The man's faith brought him to Jesus, the object of saving faith. It wasn't the act of faith that made him well, but Jesus.

Jesus is no longer with us. The Apostles, and the signs of the Apostles, are no longer with us. Those were not "normative" days, but today's days are ordinary.

I find it most amazing that the things Scripture tells us are "normative" are often least-likely to be diligently practiced by the WoF (and others), who take the non-normative events in Scripture and make them rules.

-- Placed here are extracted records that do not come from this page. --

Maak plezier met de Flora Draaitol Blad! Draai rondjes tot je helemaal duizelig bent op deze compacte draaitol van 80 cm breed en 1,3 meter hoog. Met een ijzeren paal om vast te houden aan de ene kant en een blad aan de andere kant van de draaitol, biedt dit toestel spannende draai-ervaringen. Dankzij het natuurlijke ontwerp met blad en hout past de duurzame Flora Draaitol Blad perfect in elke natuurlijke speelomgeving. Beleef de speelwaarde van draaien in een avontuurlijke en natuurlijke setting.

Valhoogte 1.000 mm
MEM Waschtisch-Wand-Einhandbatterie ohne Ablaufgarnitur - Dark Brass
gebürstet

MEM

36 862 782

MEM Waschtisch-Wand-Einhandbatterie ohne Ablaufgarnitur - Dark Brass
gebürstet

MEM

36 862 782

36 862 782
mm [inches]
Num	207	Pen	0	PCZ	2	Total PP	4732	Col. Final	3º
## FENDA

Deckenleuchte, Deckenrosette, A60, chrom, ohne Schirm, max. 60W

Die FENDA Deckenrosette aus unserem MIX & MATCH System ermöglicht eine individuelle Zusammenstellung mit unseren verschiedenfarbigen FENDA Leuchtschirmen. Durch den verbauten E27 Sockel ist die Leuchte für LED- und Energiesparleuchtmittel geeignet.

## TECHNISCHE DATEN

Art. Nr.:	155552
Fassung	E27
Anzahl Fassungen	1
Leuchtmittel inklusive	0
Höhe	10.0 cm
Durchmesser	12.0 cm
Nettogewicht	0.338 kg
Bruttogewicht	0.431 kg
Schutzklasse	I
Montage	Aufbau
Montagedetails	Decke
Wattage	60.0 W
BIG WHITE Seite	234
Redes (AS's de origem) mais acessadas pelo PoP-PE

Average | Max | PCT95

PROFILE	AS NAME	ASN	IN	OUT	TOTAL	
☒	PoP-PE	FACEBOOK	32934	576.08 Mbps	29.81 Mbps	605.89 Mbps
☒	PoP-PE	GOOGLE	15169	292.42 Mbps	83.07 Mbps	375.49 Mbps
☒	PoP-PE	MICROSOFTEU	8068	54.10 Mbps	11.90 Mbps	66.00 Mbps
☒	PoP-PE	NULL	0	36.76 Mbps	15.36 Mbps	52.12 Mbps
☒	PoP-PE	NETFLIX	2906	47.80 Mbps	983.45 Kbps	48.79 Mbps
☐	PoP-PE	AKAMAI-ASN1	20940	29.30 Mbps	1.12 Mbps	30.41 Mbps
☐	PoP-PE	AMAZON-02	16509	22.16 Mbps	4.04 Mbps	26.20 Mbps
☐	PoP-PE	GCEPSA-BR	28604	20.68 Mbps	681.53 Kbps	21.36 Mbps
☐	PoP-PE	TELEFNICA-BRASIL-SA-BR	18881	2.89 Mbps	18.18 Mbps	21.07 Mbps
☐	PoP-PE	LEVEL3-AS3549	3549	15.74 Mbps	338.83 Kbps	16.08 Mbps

No one who came to Jesus for healing ever went away unfulfilled because he didn't "have enough faith." But today's WoF people are covered in counterfeits and outright failures. In Nazareth, Jesus did hardly and miracles (and he marveled because of their lack of faith) not because he wasn't able to help them, but because they refused to come to him.

The disciples couldn't heal the demon-possessed son because THEY lacked faith in Christ and in the power they had been given (faithless, prayerless, powerless). The man had done all he could, bringing the boy to the "church" and he was almost ready to give up when Jesus came. He cried out then, "Lord I believe, help my unbelief!" and Jesus was as helpful as ever he was, even to the least display of faith in him.

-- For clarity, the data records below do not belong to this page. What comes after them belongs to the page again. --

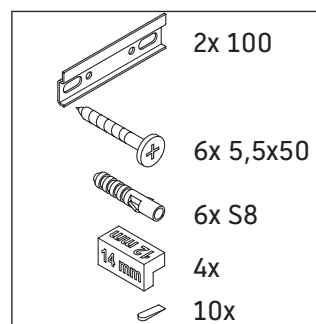

D-Neo

DE 4256

Instrukcja montażu

Wskazówki dotyczące użytkowania

Seria mebli łazienkowych odpowiada obowiązującym normom i dyrektywom w chwili dostawy i jest zaprojektowana do stosowania w łazienkach. Należy unikać bezpośredniego zroszenia wodą, np. podczas brania prysznica.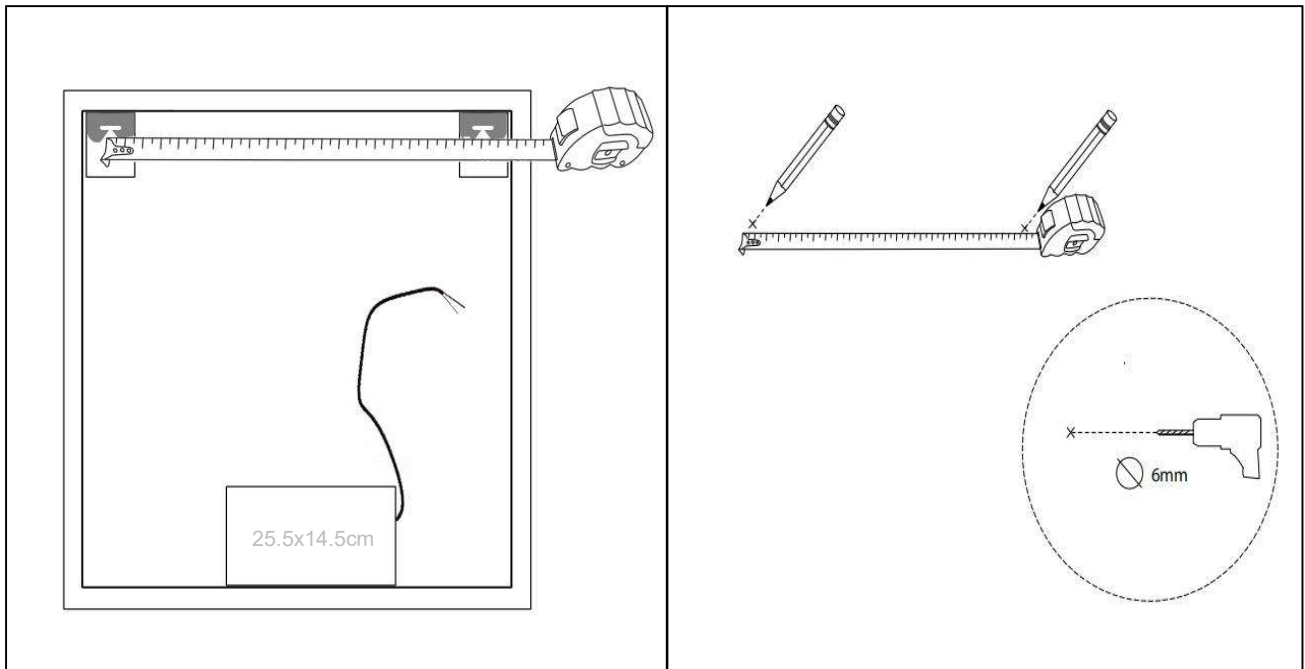

Tanja-2 600x800

nordic-bad

SPECIFIKATIONER

| | |
|--------------------|-------------|
| Strømforsyning | 230V/50Hz |
| Lyskilde | LED |
| Wattage | 28 W |
| Kelvin | 3000K-6000K |
| Ra-Værdi | >95 |
| IP-klasse | IP44 |
| Beskyttelsesklasse | II |
| Godkendelser | CE/RoHS |
| Lysstyrke | 5800 Lumens |

TOUCH-KNAP

Funktion Tænd/Sluk/Farveændring/Dæmp

EMBALLAGE

Yderkasse størrelse 66x7x86 cm
Yderkasse Vægt G.W.:8.4 KGS/N.W.:7.3 KGS

Advarsel! Sluk altid for strømmen under installation og vedligeholdelse!

(1) Tænd / sluk / dæmpning / Farve skift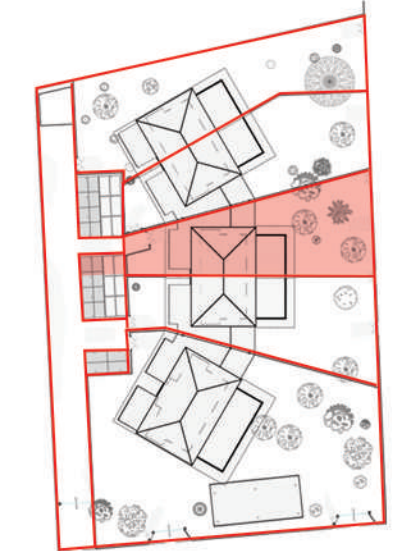

## KEY PLAN

# PIANO PRIMO

APPARTAMENTO	MQ	148.00
TERRAZZO	MQ	46.00
GIARDINO	MQ	544.00
PORTICO	MQ	68.00
PORTICATO	MQ	36.00
POSTO AUTO	MQ	12.00

## KEY PLAN

PANNELLI  
FOTOVOLTAICI

**PIANO PRIMO**

**KEY PLAN**

**PIANO TERRA**

APPARTAMENTO	MQ	90.00
TERRAZZO	MQ	22.00
GIARDINO	MQ	187.00
PORTICO	MQ	42.00
POSTO AUTO	MQ	12.00

**PLANIMETRIA SUITE 2 - LA VELA**  
**COMPLESSO RESIDENZIALE "ONDA MARINA"**

**PRIMO PIANO**

**KEY PLAN**

**PIANO TERRA**

APPARTAMENTO	MQ	90.00
TERRAZZO	MQ	22.00
GIARDINO	MQ	174.00
PORTICO	MQ	47.00
POSTO AUTO	MQ	12.00

**PLANIMETRIA SUITE 3 - LA BUSSOLA**

COMPLESSO RESIDENZIALE "ONDA MARINA"

Jesus healed people who ultimately went to hell for not having saving faith in him. He healed people who were brought to him because of the faith of others. No one's faith was ever too small for him. The signs were about turning as many as could be turned by such means to faith in him. The signs were for confirmation of his identity as the Savior from sin, not the savior from my (minor) discontents.

These WoF folks are missing the point. They are also elevating their own faith to the status of magical leverage. They are reading the healing/miracle passages in the same way as the people who were fed by Jesus (with the loaves and fishes) interpreted the miracle. Jesus rejected those king-makers, as thoroughly as their confusion deserved. He *drove them away* with his doctrine (read Jn.6). He destroyed what little "faith" they had in him--deliberately.


----------



## rookie (Jul 8, 2011)

And weird enough, but Benny Hinn wears glasses, apparently his eye sight is not a product of his faith, or lack thereof.


----------



## Joseph Scibbe (Jul 8, 2011)

They have to show that faith healing is a normative practice and not just a descriptive practice.


----------



## moselle (Jul 10, 2011)

Thanks, All. I'm going to have to do some research on "normative" and "non-normative" - new words to me, and I'm wondering how the Bible expresses these ideas!

I remember the first time I was taught about that passage where the folks were swarming to see Jesus and the signs and wonders. Such a convicting and yet beautiful promise that those who seek HIM, will surely find Him - because God has promised to draw them to Himself.


----------